Basic Tips on Sales Agreement
A sales agreement is a written contract in which a seller promises to trade something that another person promises to purchase. This contract may be used to sell assets, equipment, goods, services, and other things which have a value.
HERE ARE SOME BASIC TIPS ON SALES AGREEMENT:
- Hire a corporate lawyer before appointing an investment banker.
A corporate lawyer can protect the selling entrepreneur during the process of the actual sales and negotiate with an investment banker to lower the latter’s fee, thus allowing an entrepreneur to save a substantial amount of money. - Organize all the business documents.
When engaging in sales agreement, entrepreneurs should prepare all the paperwork including public records, financial statements, list of liens, and corporate books to make prospective buyers confident that the business they are going to purchase is profitable, viable, and free of any illicit undertaking. - Discuss the material terms included in the letter of intent (LOI).
The letter of intent, also called as pre-contract, is a document that summarizes the important points of a proposed deal. While this is not a definitive contract, LOI allows the involved parties to see the viability and profitability of a certain business.
And because this contract is not final, entrepreneurs can (and should) still negotiate with potential buyers. - Develop a comprehensive plan.
Selling a business or anything that has a value requires entrepreneurs to develop a game plan that will include potential problems and ways to resolve these, budget, and certain arrangements that will provide them with benefits. - Prefer to sell equity (stocks), not assets.
Entrepreneurs should sell their equity and not their assets.
(Equity represents funds which are contributed by owners [also called as stockholders] added with earnings or subtracted with accumulated losses.)
By doing so, the selling entrepreneurs can enjoy advantages: 1.) they can pass their liabilities to buyers, 2.) in C corporation, they benefit from potential tax savings, and 3.) it requires less documentation which means they will pay less legal fees. - Limit one’s potential liability.
In definitive contract, entrepreneurs should assert only 10 percent (or less) liability.
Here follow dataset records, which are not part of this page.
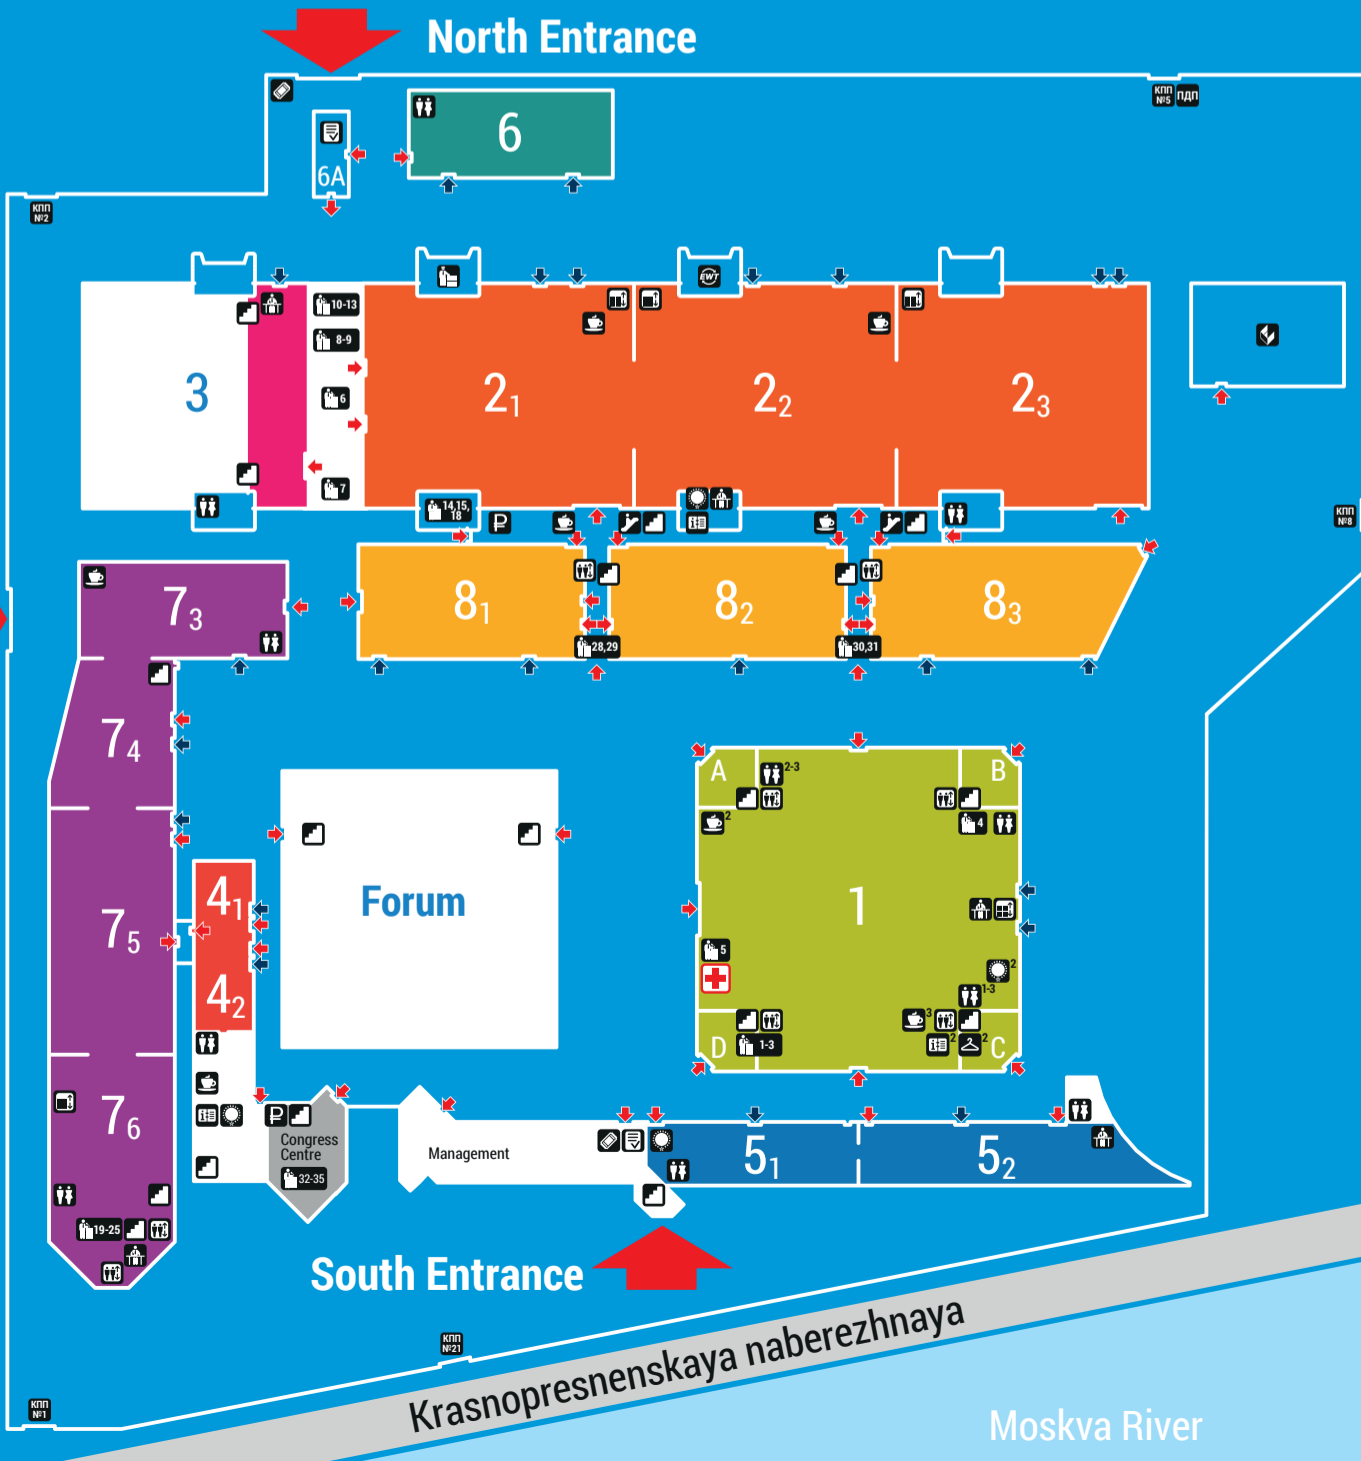

Krasnopresnenskaya naberezhnaya

Moskva River

Ground Level

West Entrance
Ystavochnaya,
Delovoy Tsentr
metro stations

- Escalator
 - Staircase
 - Service lift
 - Passenger lift
 - Cloakroom
 - Exhibition customs
 - Service Bureau
 - Congress premises
 - Delivery of catalogues and advertising materials
 - EWT / Expowestrans
 - Printing shop Offset Print M.
 - Entrance for pedestrians
 - Assembly gate
 - 2nd floor
 - WC
 - Café
 - ATM
 - Ticket office
 - Luggage room
 - Visitor registration
 - Exhibition management
 - Pavilion manager
 - First aid
 - Expoconsta
 - Entrance KPI №5
 - Dispatch centre
- Number of premises in the list

Main Level

West Entrance
Ystavochnaya,
Delovoy Tsentr
metro stations

PAVILION No.1		No. Name	Fl.	PAVILION No.8	
20	Banquet Hall (two entrances)	3,4			
21	Seminar Room	2			
1	Hall D1, Entrance D	3		22	Lobby
2	Hall D2, Entrance D	3		23	Lobby
3	Meeting Room, Entrance D	3		24	Conference Hall (two entrances)
4	Eastern Hall, Entrance B	2		25	VIP Meeting Room
5	VIP Meeting Room	1			
PAVILION No.2		No. Name	Fl.	CONGRESS CENTRE	
6	Blue Hall	3		26	Conference Hall
7	Blue Hall Lobby	3		27	Buffet Hall
8	VIP Meeting Room	3		28	VIP Meeting Room
9	Meeting Room No.1	3		29	Meeting Room No.1
10	Meeting Room No.2	3		30	Seminar Hall No.2
11	Meeting Room No.3	3		31	Meeting Room No.2
12	Meeting Room No.4	3			
13	VIP Office	3		PAVILION FORUM	
14	Seminar Hall No.1	3		32	Sky Light Hall
15	Seminar Hall No.2	4		33	Sky Light Hall Lobby
16	Seminar Hall No.3	1		34	Meeting Room
17	Seminar Hall No.4	1		35	Press Hall
18	Seminar Hall No.5	2		36	Marble Hall
				37	Marble Hall Lobby
PAVILION No.7		No. Name	Fl.		
19	Panoramic Hall	4		38	Southern Hall
				39	Western Hall

This will limit their liability since selling a business means that certain risks will be passed to the buyers. - When dealing with private equity buyers, be extra careful.
Since private equity firms are professional companies that buy and sell businesses, these are usually represented by aggressive law firms, thus making it more complex to deal with these entities compared to individual buyers.
To make sure that they can protect their interests and land on the best deal, entrepreneurs should hire corporate lawyers (if possible, hiring business consultants may also be helpful). - Include a non-reliance provision in the acquisition agreement.
Since buyers acknowledge that they bought a business based on the sellers’ warranties and representations in the definitive contract, a non-reliance provision will protect sellers from being sued by buyers based on any writing and oral statement not included in the agreement.